Risograph printed, 18x24cm, Swiss binding with dayglo cover. 

Limited edition of 200 copies. 

 

 

INTRODUCTION

by James Dunn

 

Back to the Future explores the future of the built environment, and how we may rekindle the collective imagination that ignited the modernist movement, to envision how Birmingham might take shape over the next century, longer. This publication comes at an historic moment in the gestation of the spatial vision for the Central Birmingham area for the next two decades. On 26th March, the first round of consultation concluded on Birmingham City Council’s Our Future City Plan: Central Birmingham 2040. This document will replace the current Big City Plan, setting the direction for local planning policy in the city centre. As we look to the future of this City, it is a good time to take a beat, and consider how radical architecture and planning can help to solve some of today’s problems. The present document demonstrates that many people who have settled in Birmingham take pride and inspiration from its post-war architectural heritage. For example, Simon Jones recounts his experiences as a town planner working in Alpha Tower in the early noughties, when Gareth Gates was on Pop Idol, and truly anything seemed possible in a city that always turns towards the future.

Post-war architectural modernism is elevated not merely for its simple, bold forms and often monolithic, cathedral-like proportions (see Luke Sewell’s piece, in which the case is made for a close union between the Christian church and architectural modernism). It also embodies a utopian ideal of a better and more just future.

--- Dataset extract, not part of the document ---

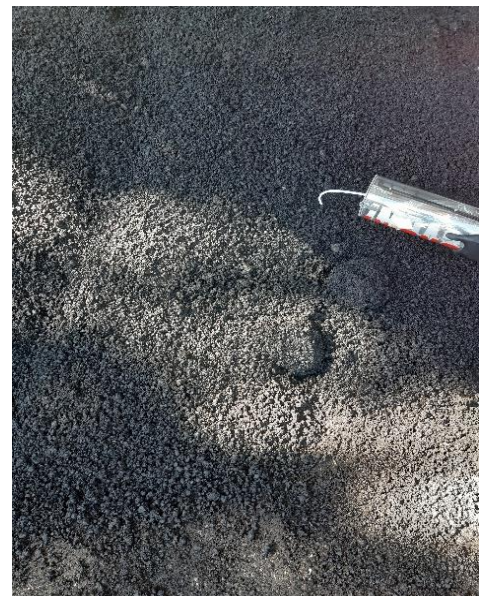

Le potenziali emissioni dell’asfalto a freddo sono state campionate direttamente sulla superficie dei depositi del materiale appena prodotto e posto a raffreddare negli appositi spazi dedicati.

Figure 9 e 10: campionamento emissione asfalto a freddo

As Chris Tomlinson observes within these pages, the architectural logic of modernist housing is the physical counterpart to legal equality, which in the social democratic era included a right to housing. There are some fine examples of modernist and brutalist buildings in Birmingham, of all manner of uses from the parking of cars to the worship of deities. Gasometer Blog maps Birmingham City Centre’s multi-storey car parks, calling for a re-evaluation of these structures before it is too late. Ian Francis provides a cultural history of Spaghetti Junction, reflecting on its abiding appeal to filmmakers, and the myths surrounding it. Meanwhile, The Reverend Canon Martin Stephenson describes the design journey of St Peter’s Church, Hall Green, a starkly brutalist church building.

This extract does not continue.